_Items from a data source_
*** Block opens ***

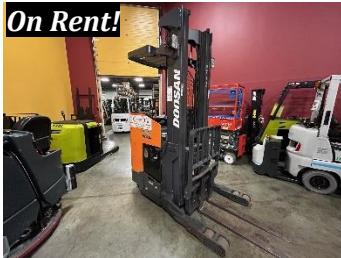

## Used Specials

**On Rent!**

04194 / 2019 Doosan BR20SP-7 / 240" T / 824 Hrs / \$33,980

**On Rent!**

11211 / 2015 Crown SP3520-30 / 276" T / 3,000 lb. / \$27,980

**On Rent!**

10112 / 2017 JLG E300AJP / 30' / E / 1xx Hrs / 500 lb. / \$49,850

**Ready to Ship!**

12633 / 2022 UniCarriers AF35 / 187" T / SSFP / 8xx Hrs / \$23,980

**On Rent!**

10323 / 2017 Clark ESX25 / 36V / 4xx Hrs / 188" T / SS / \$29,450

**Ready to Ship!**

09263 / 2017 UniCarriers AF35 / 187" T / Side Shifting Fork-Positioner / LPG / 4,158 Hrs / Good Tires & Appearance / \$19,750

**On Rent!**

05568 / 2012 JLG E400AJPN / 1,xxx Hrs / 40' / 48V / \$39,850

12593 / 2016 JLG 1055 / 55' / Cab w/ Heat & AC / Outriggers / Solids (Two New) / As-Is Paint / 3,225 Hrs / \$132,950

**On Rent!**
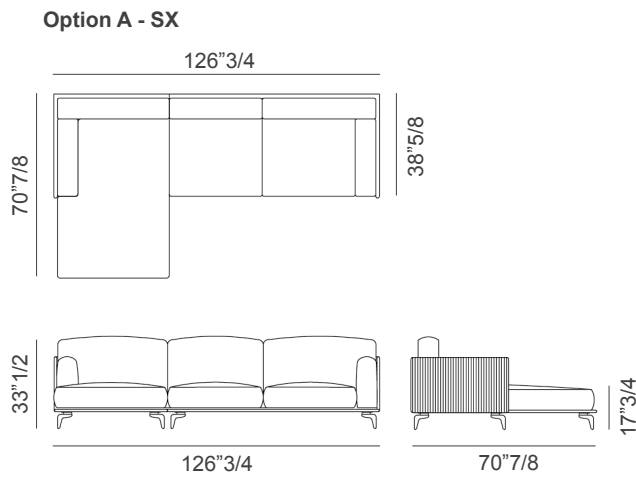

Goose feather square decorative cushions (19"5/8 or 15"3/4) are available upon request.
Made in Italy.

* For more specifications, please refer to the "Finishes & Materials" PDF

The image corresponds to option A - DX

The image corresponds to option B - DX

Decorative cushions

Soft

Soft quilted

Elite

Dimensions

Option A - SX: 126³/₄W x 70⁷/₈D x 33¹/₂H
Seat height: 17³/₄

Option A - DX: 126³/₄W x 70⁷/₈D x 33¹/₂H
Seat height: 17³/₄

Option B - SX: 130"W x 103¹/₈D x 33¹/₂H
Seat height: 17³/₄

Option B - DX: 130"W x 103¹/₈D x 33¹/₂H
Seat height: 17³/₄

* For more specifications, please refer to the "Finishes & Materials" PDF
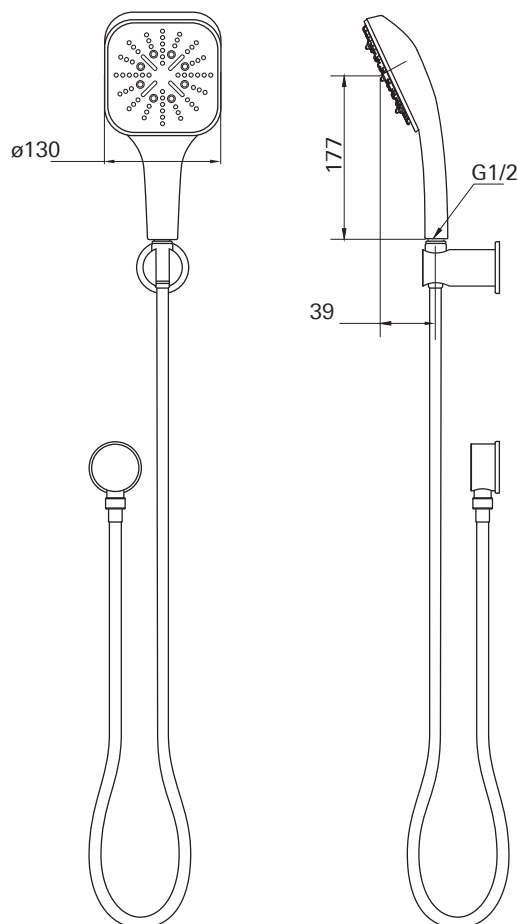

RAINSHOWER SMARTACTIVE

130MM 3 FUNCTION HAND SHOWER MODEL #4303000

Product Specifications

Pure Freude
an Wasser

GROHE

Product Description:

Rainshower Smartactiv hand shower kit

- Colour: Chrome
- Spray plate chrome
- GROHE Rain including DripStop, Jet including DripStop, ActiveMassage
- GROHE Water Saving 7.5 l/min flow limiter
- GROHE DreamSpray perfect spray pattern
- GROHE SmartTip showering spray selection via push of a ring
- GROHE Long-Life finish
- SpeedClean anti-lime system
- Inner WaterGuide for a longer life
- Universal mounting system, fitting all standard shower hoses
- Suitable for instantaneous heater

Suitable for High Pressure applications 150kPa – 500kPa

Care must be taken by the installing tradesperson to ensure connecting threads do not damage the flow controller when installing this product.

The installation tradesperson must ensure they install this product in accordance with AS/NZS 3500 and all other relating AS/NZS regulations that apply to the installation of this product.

*** Block closes ***

_About this exercise_
The line with "Goose feather square" marks the end: restate word for word every line from the top of the data through that one, omitting pictures.

_Result of the exercise_
## Used Specials

**On Rent!**

04194 / 2019 Doosan BR20SP-7 / 240" T / 824 Hrs / \$33,980

**On Rent!**

11211 / 2015 Crown SP3520-30 / 276" T / 3,000 lb. / \$27,980

**On Rent!**

10112 / 2017 JLG E300AJP / 30' / E / 1xx Hrs / 500 lb. / \$49,850

**Ready to Ship!**

12633 / 2022 UniCarriers AF35 / 187" T / SSFP / 8xx Hrs / \$23,980

**On Rent!**

10323 / 2017 Clark ESX25 / 36V / 4xx Hrs / 188" T / SS / \$29,450

**Ready to Ship!**

09263 / 2017 UniCarriers AF35 / 187" T / Side Shifting Fork-Positioner / LPG / 4,158 Hrs / Good Tires & Appearance / \$19,750

**On Rent!**

05568 / 2012 JLG E400AJPN / 1,xxx Hrs / 40' / 48V / \$39,850

12593 / 2016 JLG 1055 / 55' / Cab w/ Heat & AC / Outriggers / Solids (Two New) / As-Is Paint / 3,225 Hrs / \$132,950

**On Rent!**

Goose feather square decorative cushions (19"5/8 or 15"3/4) are available upon request.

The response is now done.